▽

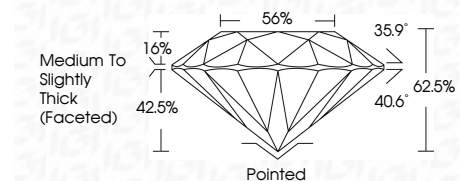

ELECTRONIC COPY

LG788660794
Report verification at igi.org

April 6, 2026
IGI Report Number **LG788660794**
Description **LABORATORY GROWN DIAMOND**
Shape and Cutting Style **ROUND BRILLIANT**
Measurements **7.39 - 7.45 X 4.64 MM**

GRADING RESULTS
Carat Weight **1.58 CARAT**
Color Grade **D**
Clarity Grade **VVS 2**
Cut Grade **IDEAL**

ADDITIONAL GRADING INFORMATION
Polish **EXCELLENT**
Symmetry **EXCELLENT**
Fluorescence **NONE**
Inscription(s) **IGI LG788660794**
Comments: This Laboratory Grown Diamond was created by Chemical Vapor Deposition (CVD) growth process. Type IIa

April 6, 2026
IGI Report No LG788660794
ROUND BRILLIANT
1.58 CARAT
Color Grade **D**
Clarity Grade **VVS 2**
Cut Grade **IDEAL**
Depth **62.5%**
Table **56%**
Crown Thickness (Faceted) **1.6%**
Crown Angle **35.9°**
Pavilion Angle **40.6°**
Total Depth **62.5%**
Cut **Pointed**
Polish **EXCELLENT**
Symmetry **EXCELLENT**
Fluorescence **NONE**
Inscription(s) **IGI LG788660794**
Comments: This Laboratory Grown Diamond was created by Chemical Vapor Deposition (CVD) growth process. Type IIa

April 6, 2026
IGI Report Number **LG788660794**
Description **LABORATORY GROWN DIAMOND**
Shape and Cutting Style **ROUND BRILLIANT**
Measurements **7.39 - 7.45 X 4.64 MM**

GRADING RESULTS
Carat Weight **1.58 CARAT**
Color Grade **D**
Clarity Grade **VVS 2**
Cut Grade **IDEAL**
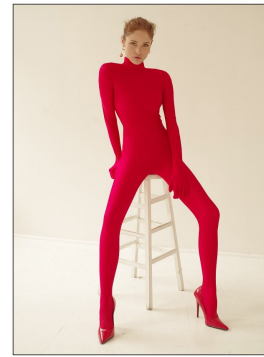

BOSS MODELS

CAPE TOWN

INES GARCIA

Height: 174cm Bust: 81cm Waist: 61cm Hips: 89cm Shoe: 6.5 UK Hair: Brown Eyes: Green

△

EXERCISE - Send back exactly the lines of the listing above starting at the one with "Report verification at igi.org" and ending at the one with "Crown Angle **35.9°**", inclusive, and no others.

RESULT OF THE TASK -
Report verification at igi.org

April 6, 2026
IGI Report Number **LG788660794**
Description **LABORATORY GROWN DIAMOND**
Shape and Cutting Style **ROUND BRILLIANT**
Measurements **7.39 - 7.45 X 4.64 MM**

GRADING RESULTS
Carat Weight **1.58 CARAT**
Color Grade **D**
Clarity Grade **VVS 2**
Cut Grade **IDEAL**

ADDITIONAL GRADING INFORMATION
Polish **EXCELLENT**
Symmetry **EXCELLENT**
Fluorescence **NONE**
Inscription(s) **IGI LG788660794**
Comments: This Laboratory Grown Diamond was created by Chemical Vapor Deposition (CVD) growth process. Type IIa

April 6, 2026
IGI Report No LG788660794
ROUND BRILLIANT
1.58 CARAT
Color Grade **D**
Clarity Grade **VVS 2**
Cut Grade **IDEAL**
Depth **62.5%**
Table **56%**
Crown Thickness (Faceted) **1.6%**
Crown Angle **35.9°**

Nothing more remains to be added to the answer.